We asked, from the beginning on this site, that readers take the time to digest and understand the issues that we have been discussing, and the very important themes that they reveal in the larger context of the access to the courts and justice that individuals in this country have when seeking vindication for the violation of their individual constitutional rights.  Please take the time to read and study both the Recommendation of the Disciplinary Board, and the Bailey Response to Board Recommendation.  The matter now will be finally decided by the Pennsylvania Supreme Court, who still have a chance to see that true justice, i.e., constitutional due process, can be done in this case.

As to the general themes set forth in this site, there have been tens of thousands of words written in the articles on this site that address many of the general themes, in the context of the Bailey disciplinary proceedings, and the varying topics addressed throughout.  We had nearly 11,000 views in the month of May, and are on track to eclipse that number for June, and appreciate the reception our honest and coverage of these matters is receiving.  At this time, we refer our readers back through the history of some of the postings specific to the Don Bailey disciplinary proceedings, and the themes they reveal, and ask our newer viewers to familiarize yourself with all of these matters, and the many other topics reported on on this site.

In Civil rights lawyer Don Bailey under attack and he and clients sue federal judges for misbehavior, the Bailey disciplinary proceedings were introduced, upon the commencement of the “hearings” in August, 2011.  We pointed out how these proceedings had their origins over two decades ago in the political career of Don Bailey and how the forces he opposed as an  honest public servant have followed him into his service as an honest civil rights lawyer.  We further pointed out, nearly two years ago, the due process shortcomings that have stated with these proceeding, as clearly aticulated in the June 6, 2013 Bailey response.

In Don Bailey’s opening statement in defense of lawyers and your civil rights, we posted the words of Don in his opening statement that clearly articulated the themes that we have continued to cover.

In The lesson of the Bailey disciplinary hearings (phase one) – reform is needed, we commented on the first two days of the Bailey disciplinary hearings, and how the matters that had been revealed, as discussed, showed the genuine need for reform for the lawyer disciplinary system.

In The Bailey Docket – pleadings and filings in the Bailey disciplinary hearing, we linked in all of the filings from the proceedings so the reader could study these filings on their own, and reach their own judgments about the issues being addressed in the articles on this site.  The erosion of Constitutional rights on a mass scale is done incrementally in individual cases, and, while we appreciate the effort it take to understand these things, and the distraction it is from the daily responsibilities we all have, there is just no way, other than studying thee things for yourselves, that they can be understood.  No single tweet or link can capture all that needs to be said abut these critically important issues.

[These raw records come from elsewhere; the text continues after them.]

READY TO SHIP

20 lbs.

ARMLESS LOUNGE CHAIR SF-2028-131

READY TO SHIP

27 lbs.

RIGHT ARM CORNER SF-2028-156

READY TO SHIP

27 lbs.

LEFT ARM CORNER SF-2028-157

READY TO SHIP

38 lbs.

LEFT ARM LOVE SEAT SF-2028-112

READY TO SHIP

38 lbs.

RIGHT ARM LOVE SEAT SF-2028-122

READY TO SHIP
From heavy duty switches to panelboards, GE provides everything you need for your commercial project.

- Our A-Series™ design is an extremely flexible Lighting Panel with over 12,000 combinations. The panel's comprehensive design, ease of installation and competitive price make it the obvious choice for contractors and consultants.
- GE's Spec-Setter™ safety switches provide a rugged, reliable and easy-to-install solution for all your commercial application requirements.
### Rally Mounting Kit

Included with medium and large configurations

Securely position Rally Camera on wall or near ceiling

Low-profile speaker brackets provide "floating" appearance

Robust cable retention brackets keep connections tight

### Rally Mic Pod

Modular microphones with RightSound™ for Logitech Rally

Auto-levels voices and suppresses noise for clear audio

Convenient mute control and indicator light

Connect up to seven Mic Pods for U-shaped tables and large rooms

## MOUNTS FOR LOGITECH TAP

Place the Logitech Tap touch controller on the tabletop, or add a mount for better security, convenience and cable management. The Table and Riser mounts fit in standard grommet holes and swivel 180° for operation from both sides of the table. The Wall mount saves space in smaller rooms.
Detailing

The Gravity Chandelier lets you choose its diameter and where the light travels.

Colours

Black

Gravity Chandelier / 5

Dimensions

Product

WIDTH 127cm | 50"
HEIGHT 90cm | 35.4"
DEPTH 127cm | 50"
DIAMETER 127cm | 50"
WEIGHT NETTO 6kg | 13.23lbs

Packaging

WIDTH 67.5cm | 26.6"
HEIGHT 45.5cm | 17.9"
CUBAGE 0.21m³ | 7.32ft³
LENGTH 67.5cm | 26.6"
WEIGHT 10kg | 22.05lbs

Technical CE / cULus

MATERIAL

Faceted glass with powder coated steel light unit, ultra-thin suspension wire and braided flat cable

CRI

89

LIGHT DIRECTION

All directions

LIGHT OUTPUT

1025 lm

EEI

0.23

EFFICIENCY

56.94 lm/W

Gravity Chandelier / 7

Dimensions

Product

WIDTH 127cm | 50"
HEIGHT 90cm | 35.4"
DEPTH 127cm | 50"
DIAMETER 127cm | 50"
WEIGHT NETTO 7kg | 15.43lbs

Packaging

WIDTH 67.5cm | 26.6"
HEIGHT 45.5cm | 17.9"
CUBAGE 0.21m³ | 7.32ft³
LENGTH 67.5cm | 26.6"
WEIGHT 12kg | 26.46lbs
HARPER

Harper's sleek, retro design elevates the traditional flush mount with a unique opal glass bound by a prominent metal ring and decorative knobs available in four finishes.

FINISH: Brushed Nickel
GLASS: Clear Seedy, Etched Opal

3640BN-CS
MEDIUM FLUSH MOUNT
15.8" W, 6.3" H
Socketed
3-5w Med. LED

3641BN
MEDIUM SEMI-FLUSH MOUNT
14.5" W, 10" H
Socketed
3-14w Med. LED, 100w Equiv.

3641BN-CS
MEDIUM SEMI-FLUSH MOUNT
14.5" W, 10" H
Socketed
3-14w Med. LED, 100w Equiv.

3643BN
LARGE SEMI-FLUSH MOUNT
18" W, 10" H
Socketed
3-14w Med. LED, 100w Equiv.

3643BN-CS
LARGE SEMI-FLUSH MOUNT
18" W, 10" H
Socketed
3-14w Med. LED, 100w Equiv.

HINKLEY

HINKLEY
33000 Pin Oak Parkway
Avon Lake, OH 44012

In UPDATE: Federal Judge recuses herself from civil rights case of Don Bailey and clients/State disciplinary authorities resist release of hearing tapes/Efforts underway to initiate investigations, we referenced the status of the federal court’s response to the ongoing disciplinary proceedings, the continuing due process administrative violations to which Don Bailey was being subjected, and the nature of the further efforts that were needed to correct these deficincies.

In The struggle behind the civil rights struggle, we pointed out the burdens and difficulties involved in representing injured individual American citizens in general in the courts of the United States, and how those burden are magnified in a climate of hostility toward civil rights cases in general, and how the ongoing disciplinary proceedings were a further impediment to the innocent individual citizens who were being represented by Don Bailey.

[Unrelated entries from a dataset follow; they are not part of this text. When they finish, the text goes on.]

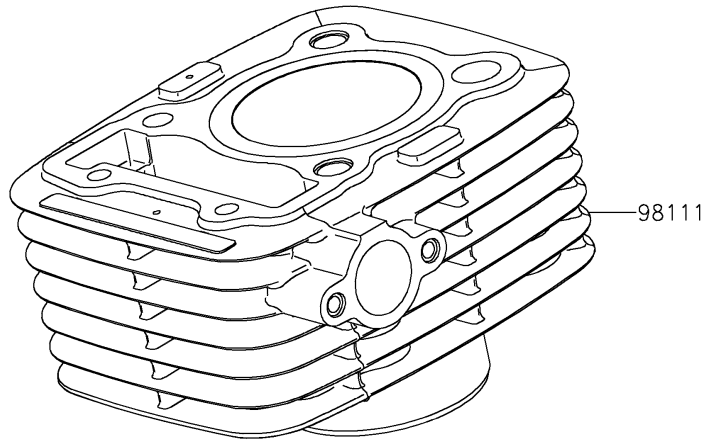

# 2024 KLX150L (Indonesia Only) PARTS DIAGRAM

Cylinder/Piston(s)

E1120

## 2024 KLX150L (Indonesia Only) PARTS LIST

Cylinder/Piston(s)

ITEM NAME	PART NUMBER	QUANTITY
GASKET,CYLINDER BASE (Ref # 11061)	11061-0863	1
PISTON-ENGINE,STD (Ref # 13001)	13001-0769	1
PIN-PISTON (Ref # 13002)	13002-1126	1
RING-SET-PISTON (Ref # 13008)	13008-0038	1
RING-SET-PISTON LL,O/S 1.00 (Ref # 13024)	13024-0009	1
RING-SET-PISTON L,O/S 0.50 (Ref # 13025)	13025-0011	1
PISTON-ENGINE LL,O/S,1.00 (Ref # 13027)	13027-0021	1
PISTON-ENGINE L,O/S,0.50 (Ref # 13029)	13029-0039	1
RING-SNAP (Ref # 92033)	92033-0796	2
PIN,8.2X10X14 (Ref # 92043)	92043-1742	2
CYLINDER-COMP-ENGINE (Ref # 98111)	98111-0040	1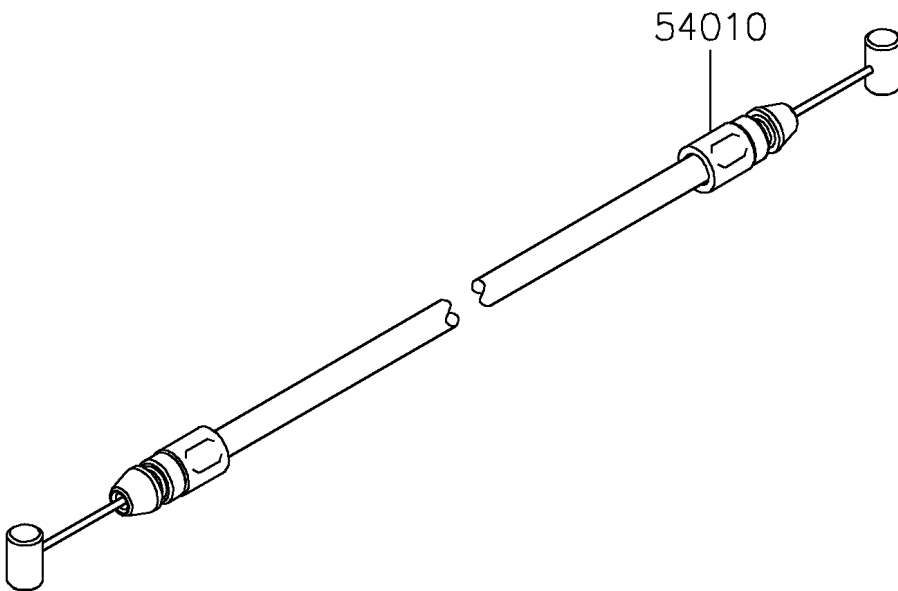

# 2020 Z H2 PARTS DIAGRAM

Cables

F2540

## 2020 Z H2 PARTS LIST

### Cables

ITEM NAME	PART NUMBER	QUANTITY
CABLE,SEAT LOCK (Ref # 54010)	54010-0606	1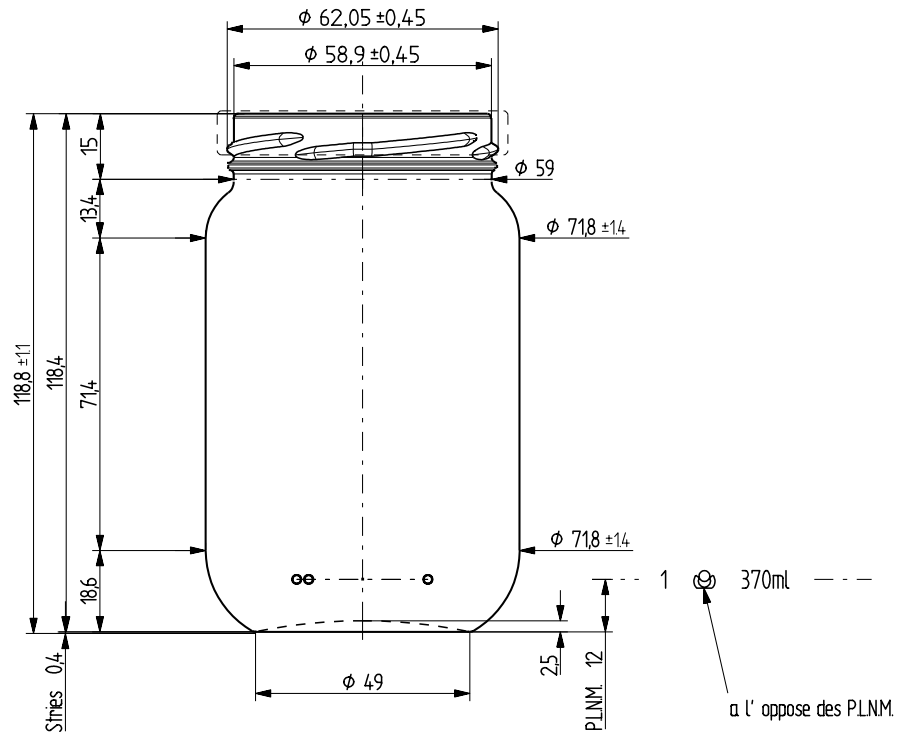

18

24

HS FRENCH FLINT

THE GLASS CONTAINER SPECIALISTS

Stries sur le plan de pose

1LB GLASS JAM JAR

Product code	JAM378B
Finish	63mm Twist-off
Capacity	378ml
Brim-full capacity	378ml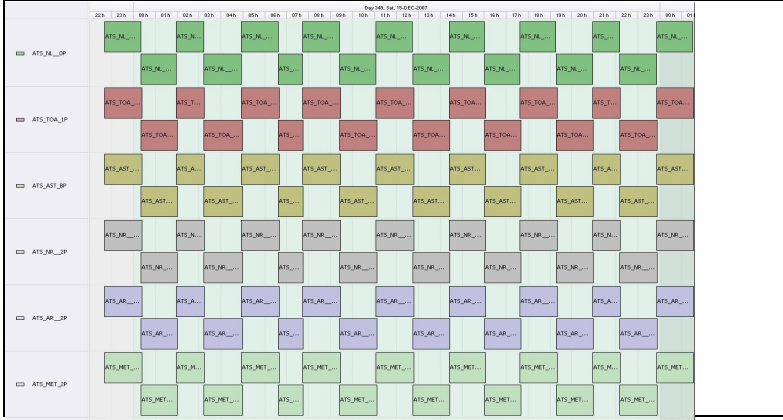

DPQC Daily Check of AATSR Data

15-Dec-07

Daily Gantt Chart

Comments: none

FLAGS

Meteo Products

Comments: None

Browse Products

Source: EDS

Comments: Missing scan lines orbit 30280, Orbit 30279 unavailable

FLAG

Instrument Health

FLAG
FLAG
FLAG
FLAG

Weekly

Out of date by: 49 days

Report Date: 29-Oct-07

In Bailey clients demand cases be reopened/Hearing transcripts now available, we covered the efforts that Don Bailey’s clients were undertaking to seek to remedy the additional harms to them that were being caused by the agenda to “get” him, and how the disciplinary proceedings revealed to them that they were being further victimized and having their access to the courts cut off because of who their attorney is.

In The role of partisan politics in PCRLN – the Bailey “shit storm”, we introduced how the $1.5 million jury verdict in favor of two Attorney General narcotics agents represented by Don Bailey, against then Attorney General Mike Fisher and others was taken away, and the suspicious court and political connections that were behind it, and the relation of that case to the disciplinary proceedings.

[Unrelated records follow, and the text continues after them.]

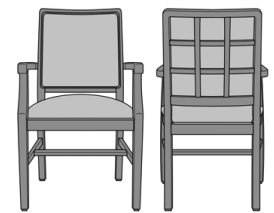

Bellariva Dining Chair,
Modern Arm, Showframe
with Handgrip, without
Lattice, Back 37"H
Model: BLD14A2
24W 26.5D 37H
25.5AH

Bellariva Dining Chair,
Modern Arm, Showframe
with Handgrip, with Lattice,
Back 40"H
Model: BLD14B1
24W 26.5D 40H
25.5AH

Bellariva Dining Chair,
Modern Arm, Showframe
with Handgrip, with Lattice,
Back 37"H
Model: BLD14B2
24W 26.5D 37H
25.5AH

Bellariva Dining Chair,
Curved Arm, Showframe,
without Lattice, Back 40"H
Model: BLD22A1
24W 25D 40H
25.5AH

Bellariva Dining Chair,
Curved Arm, Showframe,
without Lattice, Back 37"H
Model: BLD22A2
24W 25D 37H
25.5AH

Bellariva Dining Chair,
Curved Arm, Showframe,
with Lattice, Back 40"H
Model: BLD22B1
24W 25D 40H
25.5AH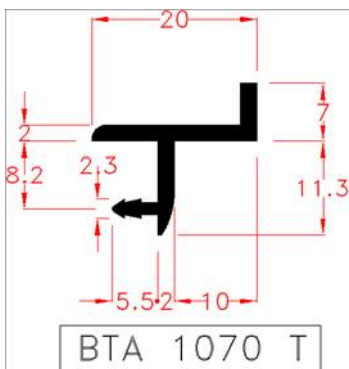

BTA1070T

Finishes	Plain colour	☒	Available in straight lengths	☒	
	Serigraphy	☐	Available on rolls	☐	
	Transfer film	☐			
	Mylar metal film	☐			
	Alu wrapping	☐	Accessories available	☐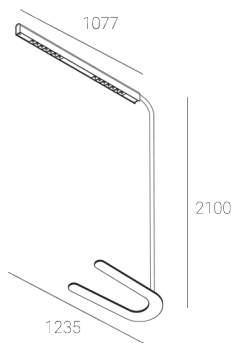

## KAMERTON Stand Louver

CODE: 5.3231.02P1.WA3W.A0

LED | 2700-3000K | >90 | SDCM ≤3 | 50.000 h L80 B10 | IP20 | Dim to warm | 220-240V 50-60Hz |  |  |

### TECHNICAL DATA

Power: **18,8+10,1 W CV HO (High output)**  
Flux: **3255 lm**  
CCT: **2700-3000K**  
CRI: **>90**  
SDCM: **≤3**  
Durability of LED sources: **50.000 h, L80 B10**  
Diffuser / Optic: **Wide beam (UGR<19)**

Mounting type: **Standing fixture**  
Power supply: **220-240V, 50-60Hz**  
Control: **Dim to warm**  
Protection Class: **I**  
IP: **IP20**  
Material: **Extruded aluminium profile**  
Finishing: **powder coated: sage**

### TECHNICAL DRAWING

Dimensions: **1235x350 mm**

In Bailey motion demands that Pennsylvania Supreme Court dismiss disciplinary action against him, we discussed an additional filing that Bailey made, in December, 2011, seking to have the Supreme Court take action to dismiss the disciplinary proceedings baed upon the clear due process violations that had already been revealed as of that point.

In PCRLN call goes out to Senators Casey and Toomey, we introduced our political efforts, which are continuing, to take the matters directly to our United States Senators to seek formal political reform for the issues being revealed through the disciplinary proceedings.

In The politics of personal destruction – anatomy of the judicial lynching of Don Bailey – Caputo piles on, we discussed the true power of the judicial pen and the black robe in creating impressions and dictating the course of public opinion, and how their misuse was behind every negative pubic impression created about Don Bailey.

In Supreme Courts act in Silent Synchrony – Bailey disciplinary motions Secretly denied – once again no due process!, we pointed out how the Pennsylvania Supreme Court was failing to take action during the course of the proceedings on the clear record of due process violations to intervene and end them.  Of course, the Supreme Court still has the final say in these proceedings, and the record has been even further developed, and the chance for the Supreme Court to make a statement in favor of due process and real justice remains.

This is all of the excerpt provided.